The records below must be written out exactly, with every picture left behind.
##### Material provided #####
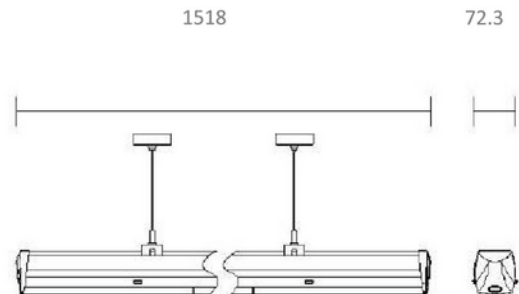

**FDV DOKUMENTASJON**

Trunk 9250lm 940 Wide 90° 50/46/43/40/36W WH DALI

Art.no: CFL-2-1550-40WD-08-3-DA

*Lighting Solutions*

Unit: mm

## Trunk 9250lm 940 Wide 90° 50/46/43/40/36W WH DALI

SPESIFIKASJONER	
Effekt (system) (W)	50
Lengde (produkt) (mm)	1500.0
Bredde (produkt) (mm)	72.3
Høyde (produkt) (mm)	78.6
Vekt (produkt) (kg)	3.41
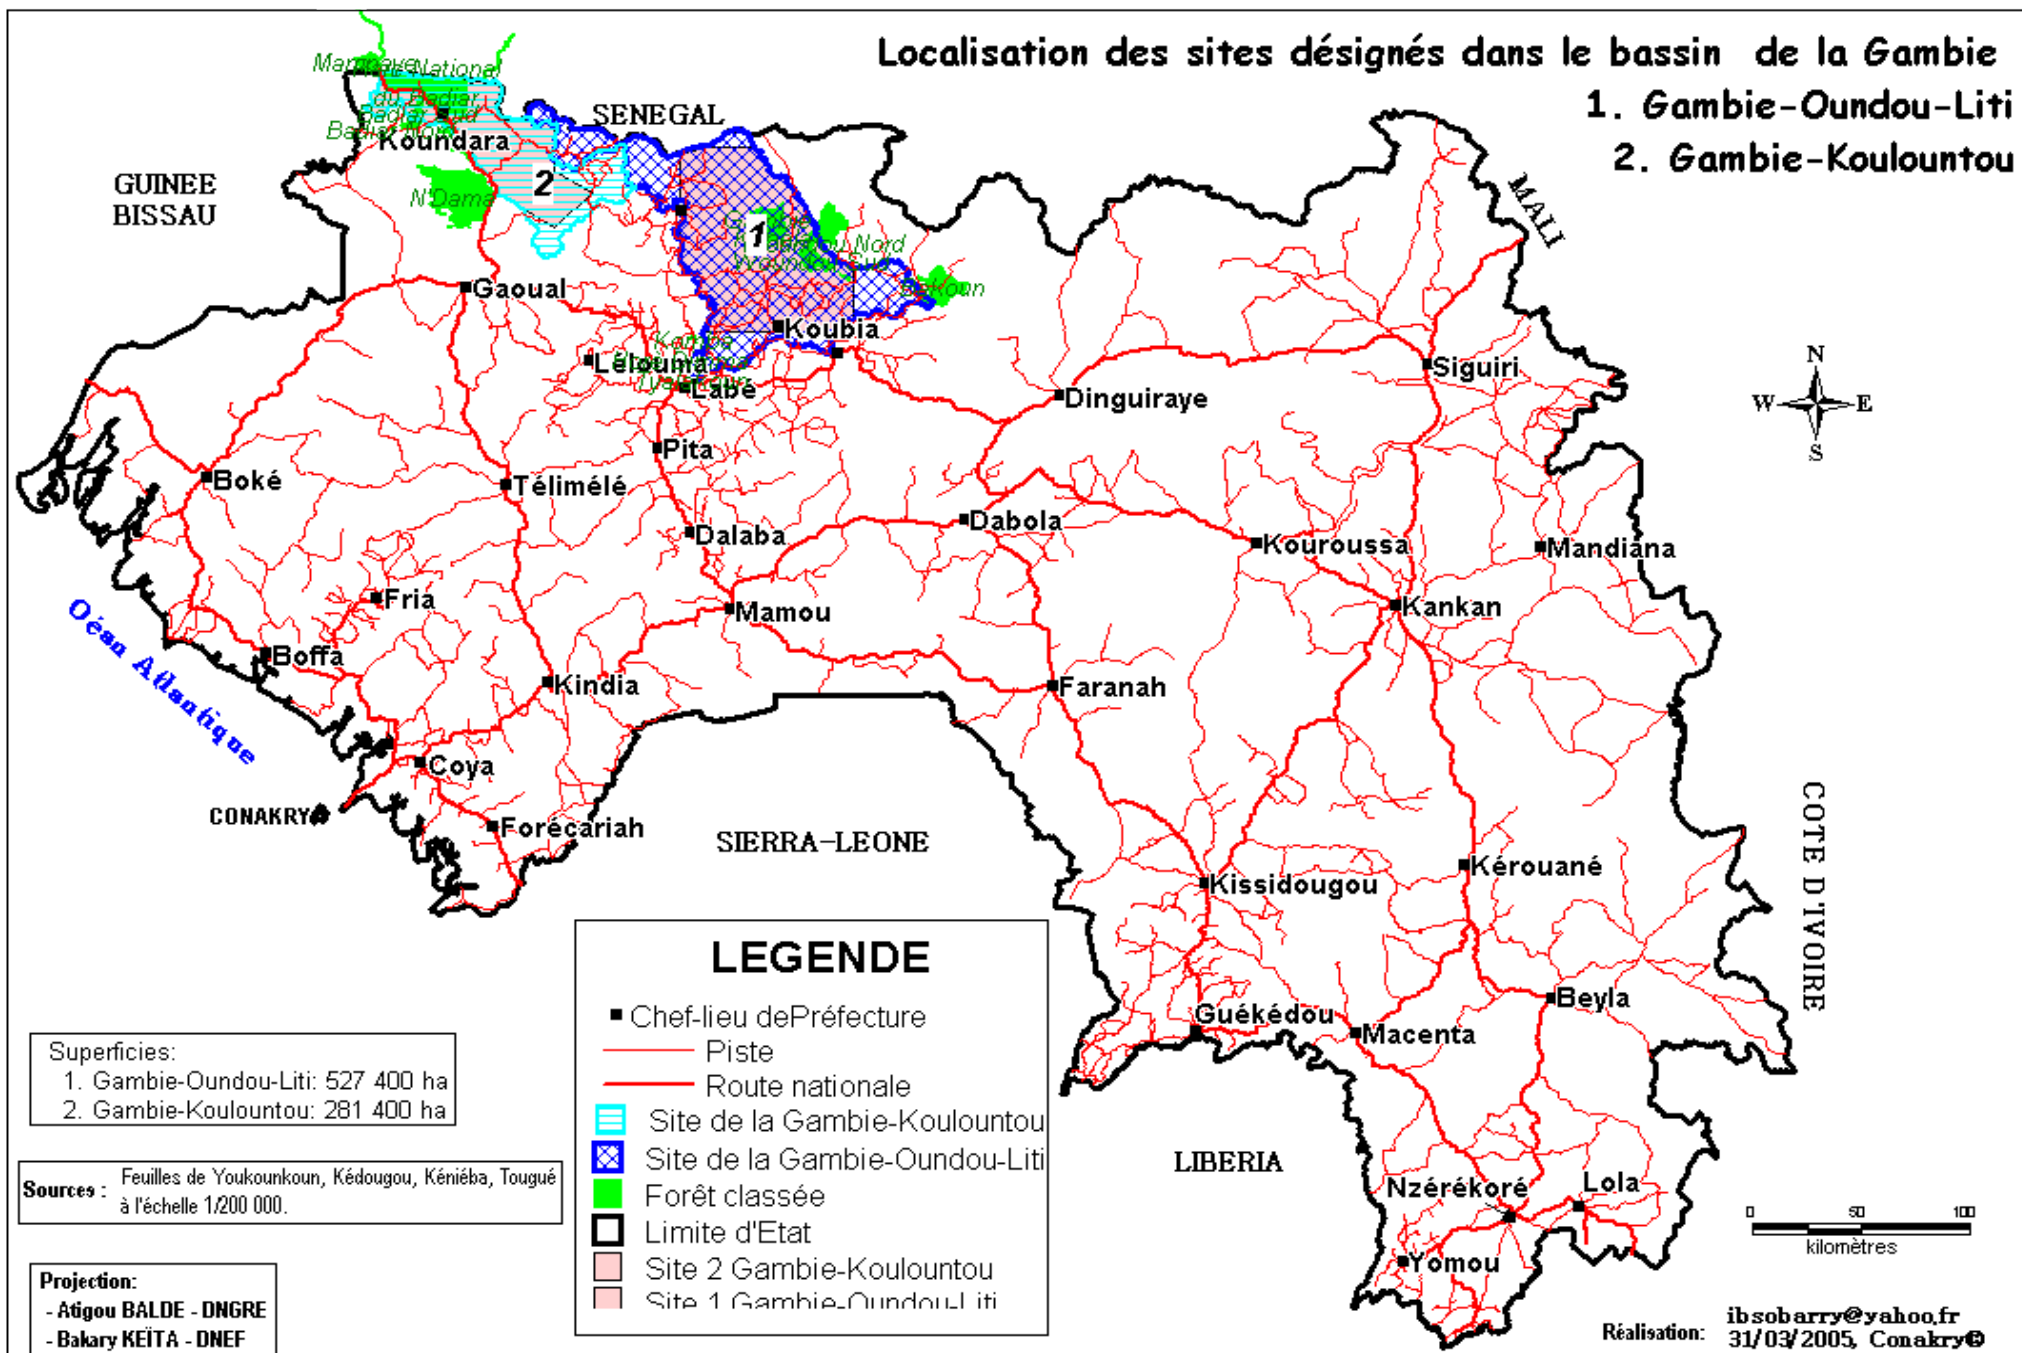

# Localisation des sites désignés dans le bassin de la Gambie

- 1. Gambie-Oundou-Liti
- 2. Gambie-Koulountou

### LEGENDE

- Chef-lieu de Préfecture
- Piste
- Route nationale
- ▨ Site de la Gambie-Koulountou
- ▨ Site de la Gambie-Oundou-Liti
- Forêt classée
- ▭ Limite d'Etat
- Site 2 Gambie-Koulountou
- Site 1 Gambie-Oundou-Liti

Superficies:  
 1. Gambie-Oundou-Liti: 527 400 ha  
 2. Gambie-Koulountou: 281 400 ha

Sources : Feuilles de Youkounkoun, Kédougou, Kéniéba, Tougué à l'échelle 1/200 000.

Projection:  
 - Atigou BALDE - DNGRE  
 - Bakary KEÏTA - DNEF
#####
● **Task answer**
**FDV DOKUMENTASJON**

Trunk 9250lm 940 Wide 90° 50/46/43/40/36W WH DALI

Art.no: CFL-2-1550-40WD-08-3-DA

*Lighting Solutions*

Unit: mm

## Trunk 9250lm 940 Wide 90° 50/46/43/40/36W WH DALI

SPESIFIKASJONER	
Effekt (system) (W)	50
Lengde (produkt) (mm)	1500.0
Bredde (produkt) (mm)	72.3
Høyde (produkt) (mm)	78.6
Vekt (produkt) (kg)	3.41

# Localisation des sites désignés dans le bassin de la Gambie

- 1. Gambie-Oundou-Liti
- 2. Gambie-Koulountou

### LEGENDE

- Chef-lieu de Préfecture
- Piste
- Route nationale
- ▨ Site de la Gambie-Koulountou
- ▨ Site de la Gambie-Oundou-Liti
- Forêt classée
- ▭ Limite d'Etat
- Site 2 Gambie-Koulountou
- Site 1 Gambie-Oundou-Liti

Superficies:  
 1. Gambie-Oundou-Liti: 527 400 ha  
 2. Gambie-Koulountou: 281 400 ha

Sources : Feuilles de Youkounkoun, Kédougou, Kéniéba, Tougué à l'échelle 1/200 000.

Projection:  
 - Atigou BALDE - DNGRE  
 - Bakary KEÏTA - DNEF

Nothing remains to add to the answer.